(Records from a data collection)
● ● ● ● ●

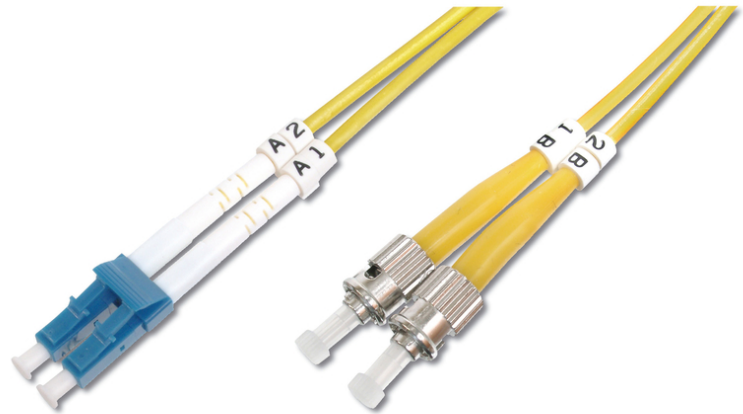

DIGITUS Fiber Optic Singlemode Patch Cord, LC / ST

DK-2931-01
 EAN 4016032249337

FO patch cord, duplex, LC to ST SM OS2 09/125 æ, 1 m

FO patch cord, duplex, LC to ST, SM OS2 09/125 µ, 1 m

Melhor desempenho e melhor qualidade de ligação com a rede.

- LSOH
- Boot: single-color
- Color cable: yellow
- Connector 1: LC

- Connector 2: ST
- Fiber diameter: 9/125µ
- Cable type: I-VH 2E9/125µ
- Fiber class: OS2
- Mode: Singlemode
- Assortment: Fiber Optic Patch Cables
- Length: 1 m
- Packaging: DIGITUS Polybag

More images:

Part No.	DK-2931-01			
Length	1 m			
Cable Type	Duplex SM 9/125		OS2 LSZH	
	END A	END B		
Connector Type	LC		ST	
Insertion Loss (dB)	0.07	0.08	0.08	0.05
Return Loss (dB)	50.5	52.4	55.0	52.3
Q.C.	PASS			
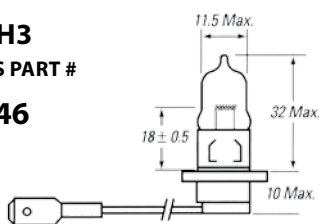

7/16" BULB - 11.5 MM

MFG # H3
REPLACES PART #
4728646
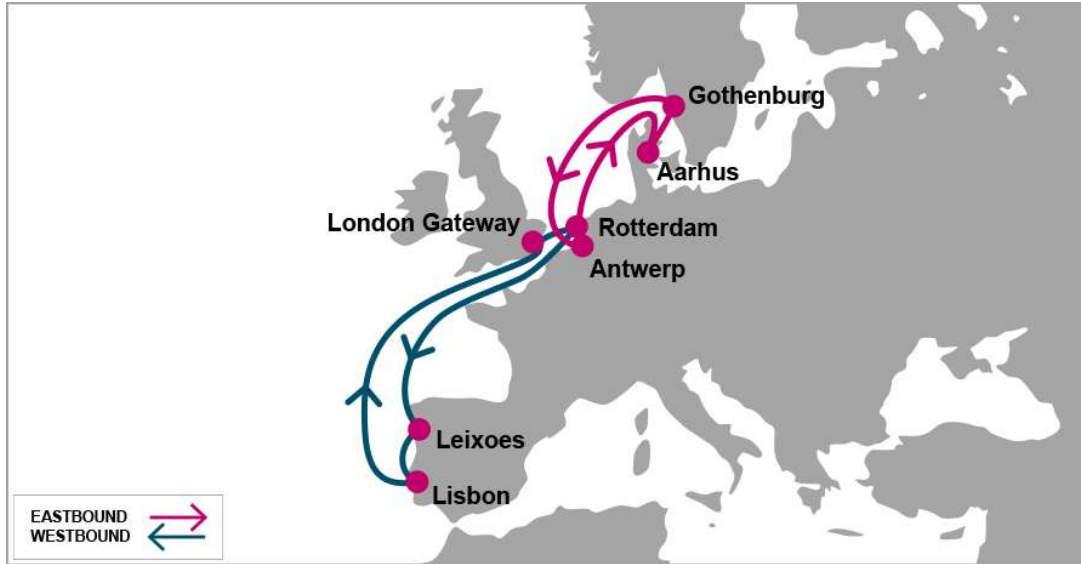

IBESCO: Iberia, Europe, Scandinavia Loop

KEY TRANSIT TABLE

E/B	AAR	GOT	W/B	LEI	LIS
LEI	10	11	AAR	10	12
LIS	8	9	GOT	8	10
LGP	4	5	ANR	5	7
RTM	3	4	RTM	4	6
RTM	2	3	RTM	3	5

KEY TRANSIT TABLE - UNLOCODE PORT NAME & COUNTRY NAME

PORT ROTATION

(Terminals are subject to change)

ORIGIN	ETA/ETD	TERMINAL
Rotterdam	SAT/SUN	Ect Delta Tml
Rotterdam	SUN/MON	Rotterdam World Gateway
Aarhus	WED/WED	Apm Terminals - Aarhus A/S
Gothenburg	THU/FRI	Apm Terminals Got
Antwerp	SUN/MON	PSA Q 913 North Sea
Rotterdam	MON/TUE	Ect Delta Tml
Rotterdam	TUE/WED	Rotterdam World Gateway
Leixoes	SAT/SUN	Yilport Leixoes
Lisbon	MON/TUE	Yilport Lisbon Sotagugs
London Gateway	FRI/SAT	London Gateway
Rotterdam	SAT/SUN	Ect Delta Tml
Turnaround days:		21

Weekly/Fixed Day Service

Last update : 16-May-2018
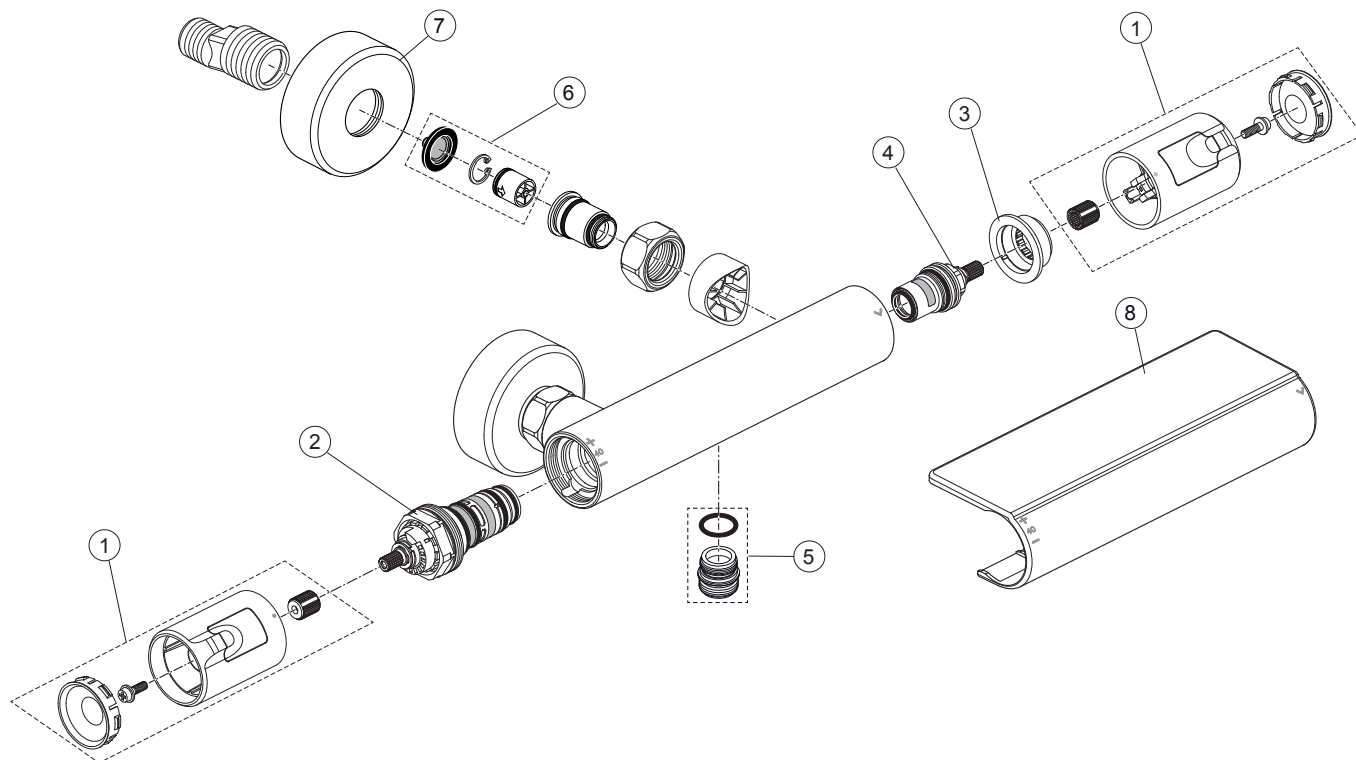

Ceratherm T50 A7695 ..

Ideal Standard

Produced from: April 2021

Shower Thermostat
chrome **A7695AA**

Pos.	Description	Part-Number	Qty.	Pos.	Description	Part-Number	Qty.
1	Handle cpl.	A 861 382 AA	1 Set				
2	Thermostatic Cartridge cpl.	A 861 371 NU	1 pcs				
3	Stopping	A 861 373 NU	1 pcs				
4	Cartridge G1/2 180° cpl.	A 861 245 NU*	1 Set				
5	Nipple G1/2 outside cpl.	A 861 374 NU	1 Set				
6	Non-return valve	A 861 372 NU	1 Set				
7	Escutcheon	B 960 242 AA	1 pcs				
8	Warp over shelf	A 7215 AA	1 pcs				

**Universal set (not all parts needed)*
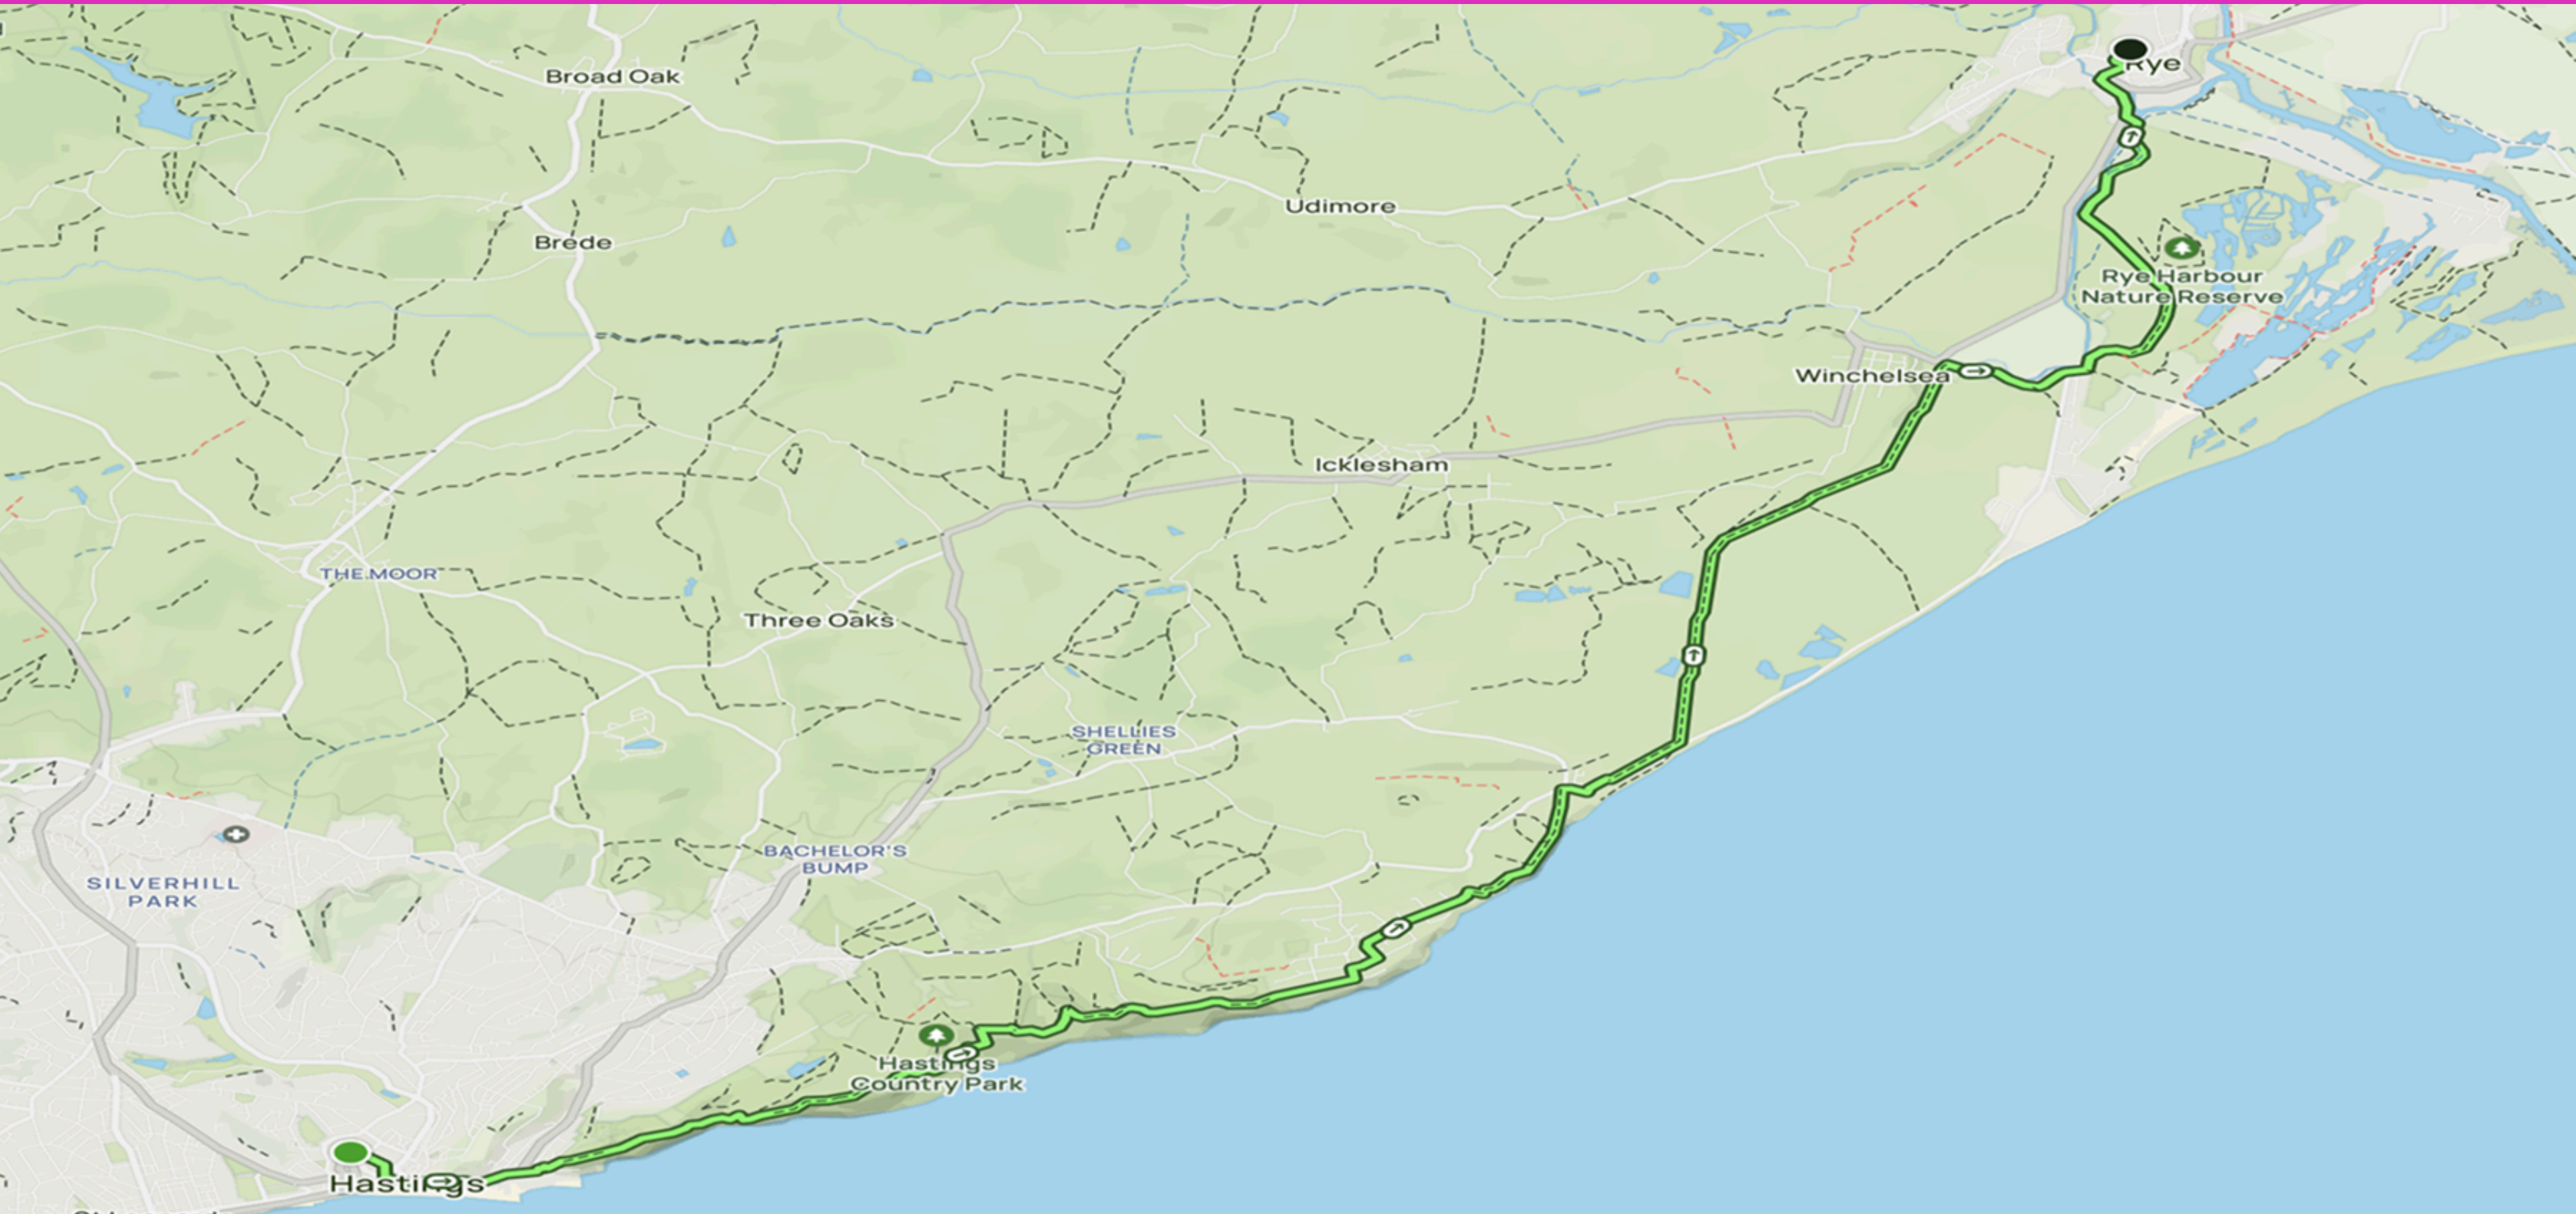

Saxon Shore Way Walk

Length: **20.1km** | Elevation Gain: **460m** | Estimated Time: **5.5 - 6hrs**
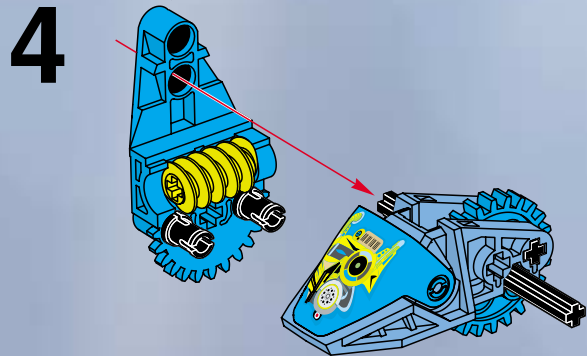

The image shows the box art for the LEGO Technic set 'Sub Slizer'. The background is a deep blue underwater scene with various sea creatures like jellyfish and coral. In the center, a blue and yellow LEGO Technic robot is shown in a dynamic pose, appearing to be underwater. The robot has a yellow propeller on its back and is holding a yellow circular object. The title 'SUB SLIZER' is prominently displayed at the top in a stylized, metallic font. The number '8503' is in the top right corner. The LEGO Technic logo is at the bottom left, and the number '4124715' is at the bottom right.

# SUB SLIZER

8503

**LEGO** Technic

4124715

8

9

10

11

● ● ● ● ●

Whenever the word "Yilport" appears in a line above, copy that line.

Leixoes	SAT/SUN	Yilport Leixoes
Lisbon	MON/TUE	Yilport Lisbon Sotagugs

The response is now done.